# Nissan mechanics / garages - Toronto



## Rogue_Trooper (Nov 11, 2018)

Hi,

New to this forum and looking forward to getting plugged in to this community and figuring out how I can contribute!

My wife and I have a 2009 Nissan Rogue - we have a list of items to get replaced/serviced; rear shocks, wheel alignment, throttle body clean up, cabin air filter (looks like this is DIY).

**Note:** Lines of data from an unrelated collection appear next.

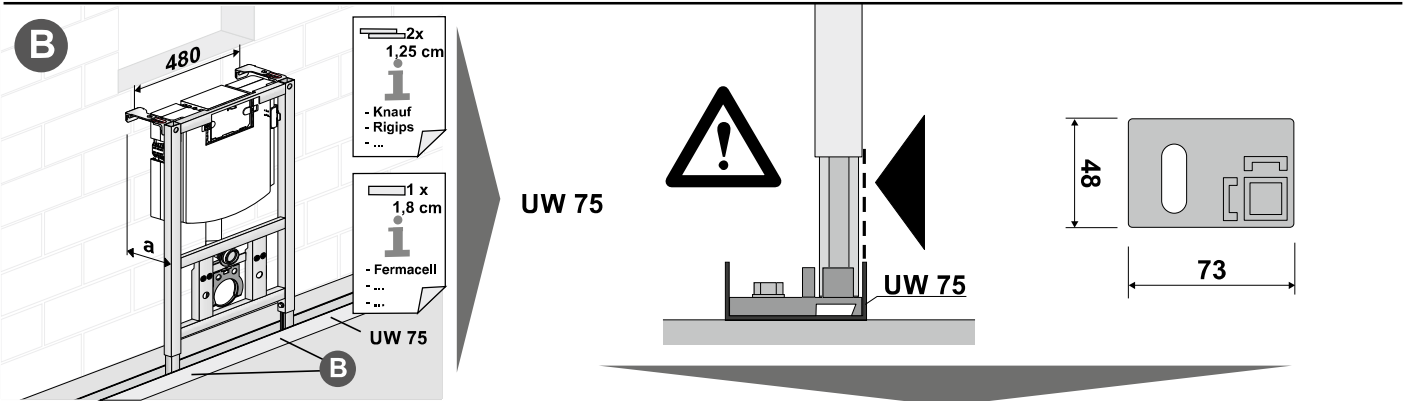

[mm]

Art. 17.257.00..T000

> 80 mm  
+  
Art. 05.018.00..0000

9

10

**Service**

**Dusch WC**

**Montage**

For the bigger items - replacing the rear shocks at least, can anyone recommend a garage / mechanic in Toronto (preferably towards the west of the city)? We're tired of going to the downtown dealership, paying too much for too little customer service.

Thanks in advance!!

Steven


----------



## Rogue_Trooper (Nov 11, 2018)

*Anyone?*



Rogue_Trooper said:


> Hi,
> 
> New to this forum and looking forward to getting plugged in to this community and figuring out how I can contribute!
> 
> ...


Bueller? Bueller? Anyone, anyone?


----------



## quadraria10 (Jul 6, 2010)

Just find a good neighborhood garage near you. These days you can check online reviews. For stuff like struts, shocks, alignments, brakes and so on, I have found places like Speedy are usually pretty good and charge fair prices.
For the throttle body cleaning, you could diy but you would need to look up the proper procedure and cleaner needed, and then I am pretty sure there is a relearn procedure required which you would also need to look up. If your engine is running rough it could be something else. Just remember the engine in your Rogue is a version of the 2.5 used in Nissans since around 2000. I am sure most mechanics have worked on one before.


----------



## Rogue_Trooper (Nov 11, 2018)

Awesome - appreciate the direction and feedback Quadraria10!


----------



## quadraria10 (Jul 6, 2010)

You are welcome. This forum is not the greatest for the Rogue as compared to another one which has more active owners. You may want to do a google search. One thing that can be advantageous to you, is to sometimes find a garage or mechanic who will install parts you supply. As for example, I am sure your rear shocks will be 2 or 3 times the price at Nissan, as compared to what you would pay for KYB shocks at RockAuto or PartsMonkey ( KYB is the OE supplier to Nissan).
A weird example, is something like the cabin filter which is fairly pricey at the dealer or even Canadian Tire, but that can be had for under $10 from Rock Auto or Autoshack. Same deal with oil filter, air filter, brake components, wiper blades. And of course the more you are willing to diy the less you will spend on maintenance, not to mention the benefit of the knowledge you will gain.
Based upon what I have read here and elsewhere the key to keeping the Rogue on the road is regular CVT fluid changes for the transmission at intervals shorter than Nissan originally recommended.
I hope your Rogue continues to serve you as well as my X trail. Its off the top of my head but yours is probably at an age and mileage that replacing the O2 sensors might be in order ( If so get NTK ones as they are the OE supplier to Nissan). If yours is AWD you should also look into the transfer case and rear differential gear oils that may need changing. Good luck with it.


----------



## Rogue_Trooper (Nov 11, 2018)

Thanks again - this is super helpful!


----------



## quadraria10 (Jul 6, 2010)

Glad to help.


----------